A Longevidade que presenciamos hoje em nível global - e certamente no Brasil - é uma revolução. Já vivemos trinta ou mais anos que nossos avós. As implicações desse processo vão além da dimensão individual e atingem os setores legais, de saúde, educação, cultura, trabalho, serviços assistenciais e seguridade social. A longevidade também tem efeito retroativo, com impactos em todas as fases da vida: não são trinta anos a mais de velhice e sim trinta ou mais anos de vida.
Minha primeira impressão sobre um país envelhecido foi na Inglaterra onde fui cursar Mestrado em Saúde Publica em 1975. A partir de então, percebi que o Brasil também envelheceria rapidamente, mas num contexto de pobreza, diferente dos países desenvolvidos que primeiro se enriqueceram para depois envelhecerem. Dei-me conta, anos mais tarde, de que o envelhecimento brasileiro acontecia de forma extraordinariamente comprimida: nossa expectativa de vida hoje ultrapassa a da Inglaterra dos anos 1970 e a taxa de fecundidade ficou no limiar da reposição em poucos anos.
Meus 20 anos de experiência acadêmica em Londres e Oxford somaram-se ao período em que dirigi o Departamento de Envelhecimento e Saúde da OMS e ajudaram-me a formular o Marco Político do Envelhecimento Ativo, assim definido pela OMS: o processo de otimizar as oportunidades para Saúde, Educação Continuada, Participação e Segurança (Proteção) de modo a aumentar a qualidade de vida à medida em que envelhecemos. Quem envelhece com saúde e conhecimentos pode participar plenamente da sociedade. Na falta dessas condições, é indispensável prover proteção e segurança para que o idoso não se sinta abandonado. Por isso, uma política que atenda à Revolução da Longevidade deve promover os quatro capitais essenciais para o bem envelhecer: atenção à saúde; acesso a conhecimentos; condições financeiras, pelo menos renda mínima; e suporte e cuidado da família, amigos e pessoas próximas.
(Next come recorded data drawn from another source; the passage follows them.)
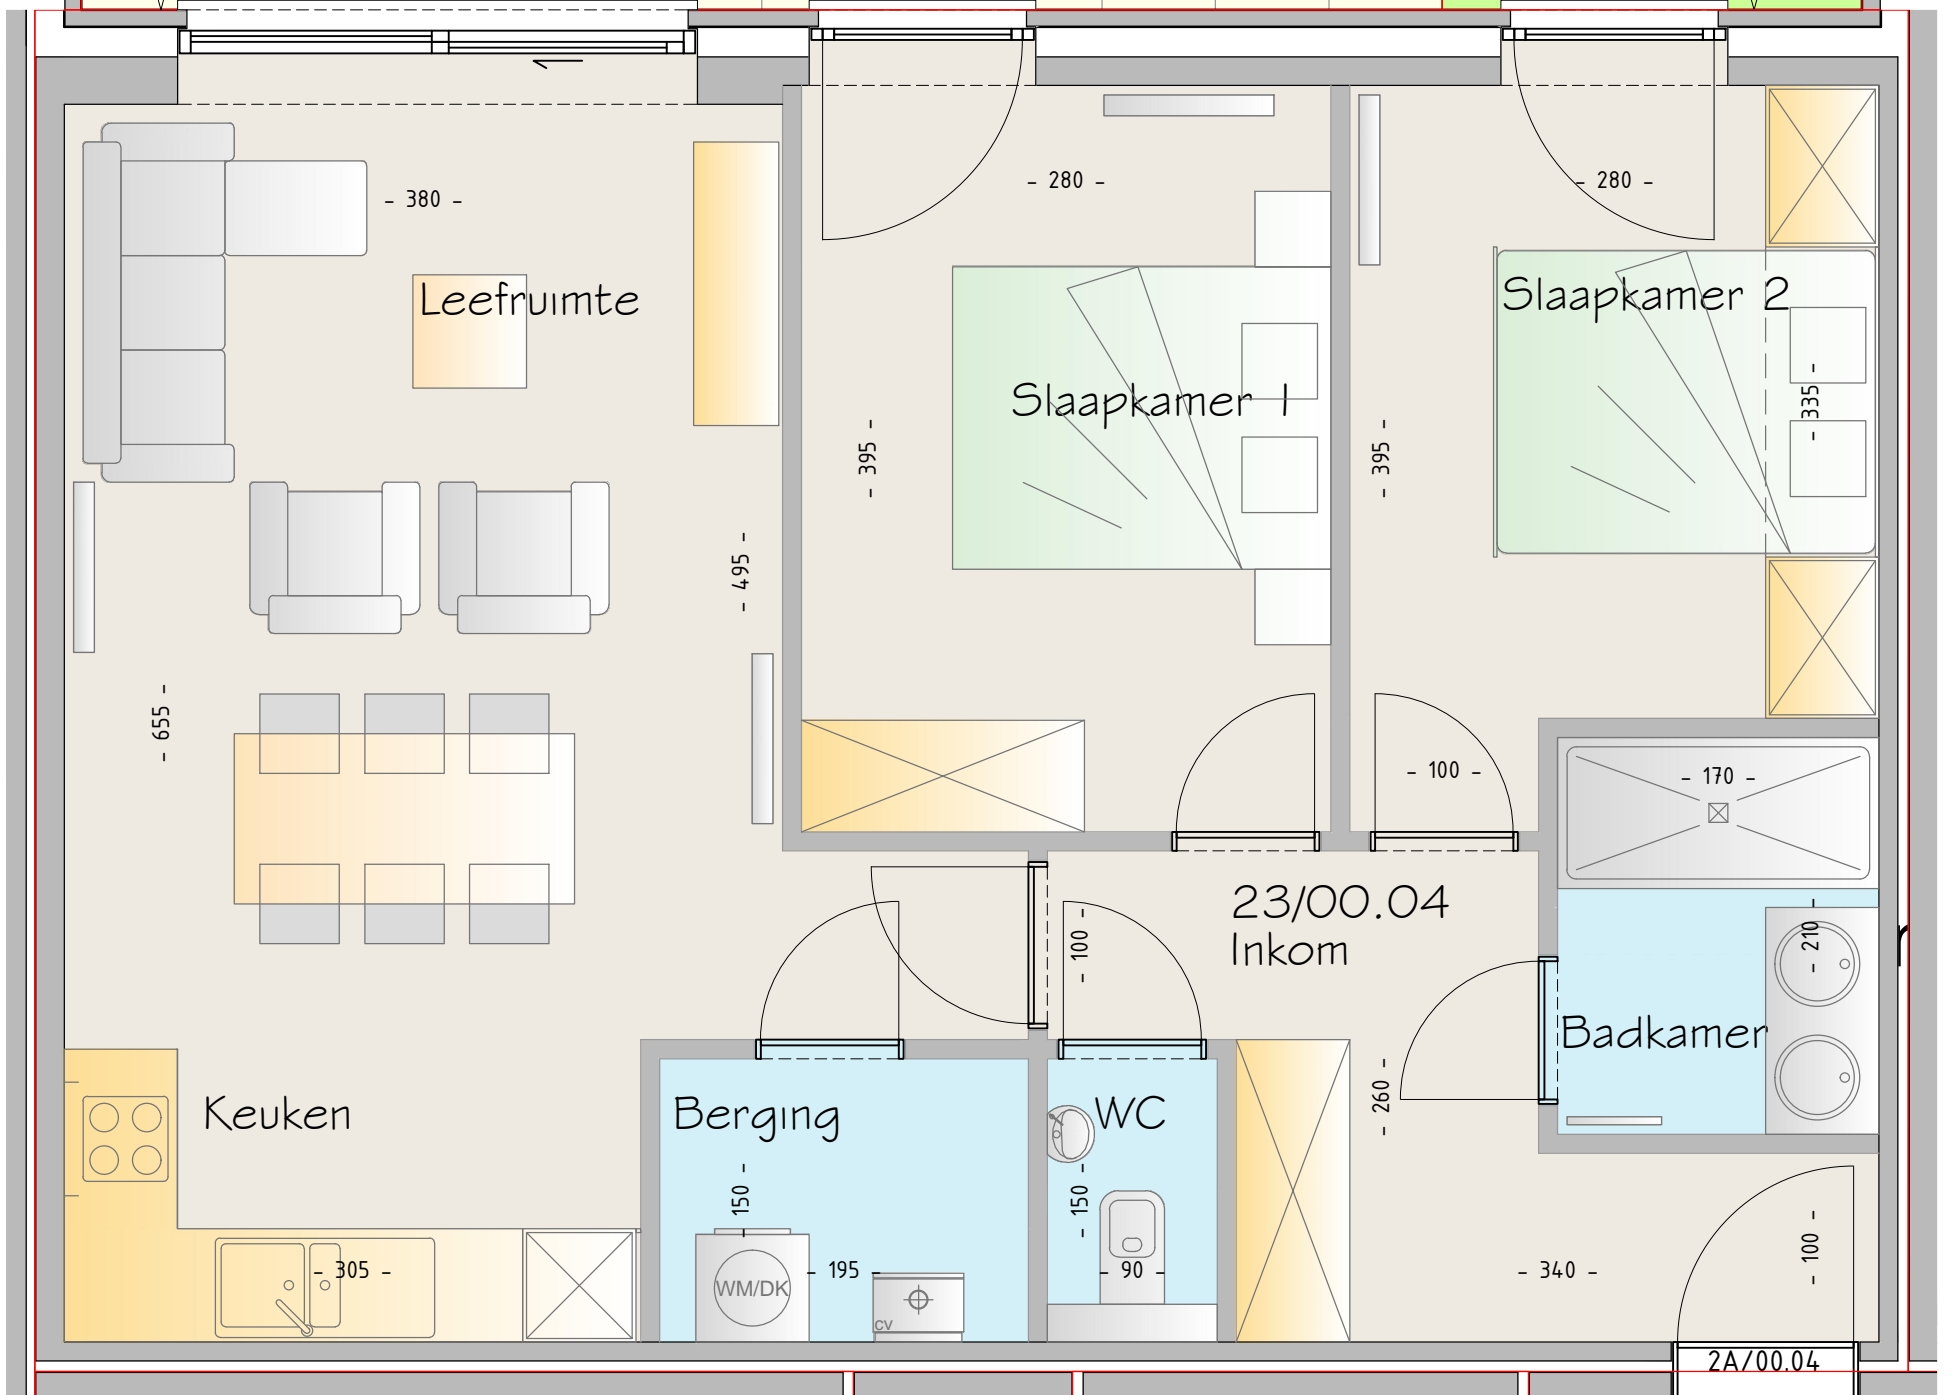

|               |                             |
|---------------|-----------------------------|
| Opp. app.     | 71.40 m <sup>2</sup>        |
| Opp. terras   | 17.27 m <sup>2</sup>        |
| Opp. tuin     | 18.88 m <sup>2</sup>        |
| <b>Totaal</b> | <b>107.55 m<sup>2</sup></b> |

ALBERT I-LAAN

A Revolução da Longevidade requer adotar uma perspectiva de curso de vida. O jovem de hoje será o idoso de amanhã. Para entendermos um idoso, olhemos para trás, para o modo como levou a vida e se tornou quem é hoje. Por isso, é indispensável considerar os determinantes do envelhecimento ativo: de acesso a serviços sociais e de saúde; comportamentais (estilos de vida); pessoais (genéticos, hereditários e de personalidade); ambientais; sociais e econômicos. Esses aspectos são interdependentes, segundo cada cultura e perspectiva de gênero.
No Brasil de hoje se envelhece melhor do que há 40 anos. Primeiro, porque na Constituição de 1988 a saúde passou a ser um direito de todos e também dos idosos. É preciso melhorar os serviços, mas, não se morre mais a míngua ou à espera do gesto de uma pessoa caridosa. Segundo, pela política de renda mínima. Mesmo sendo distribuído apenas um salário mínimo, para muitas famílias, o idoso deixou de ser um fardo.
Mas há muito a ser feito: o copo está meio vazio. O Estatuto do Idoso, depois de 10 anos, continua com muitos dispositivos a serem implementados. Falta, uma "Cultura do Cuidado". Vou personalizar o que digo, falando de minha mãe que aos 96 anos já preveniu o que podia ser prevenido, já está tratando o que é tratável. Mas, com Alzheimer, ela precisa essencialmente de ser cuidada e o é. Mas, milhões de idosos chegaram ou chegarão à longevidade sem saber quem vai cuidá-los, num contexto em que a família está cada vez mais fragmentada.
Finalmente, o Brasil é um país melhor hoje para os idosos também porque há mais conhecimento. Há quarenta anos, o envelhecimento estava praticamente restrito a prática médica. Nas últimas décadas o interesse por este domínio do saber aumentou vertiginosamente, como mostra a produção cientifica atestada nos bem elaborados artigos desta Revista.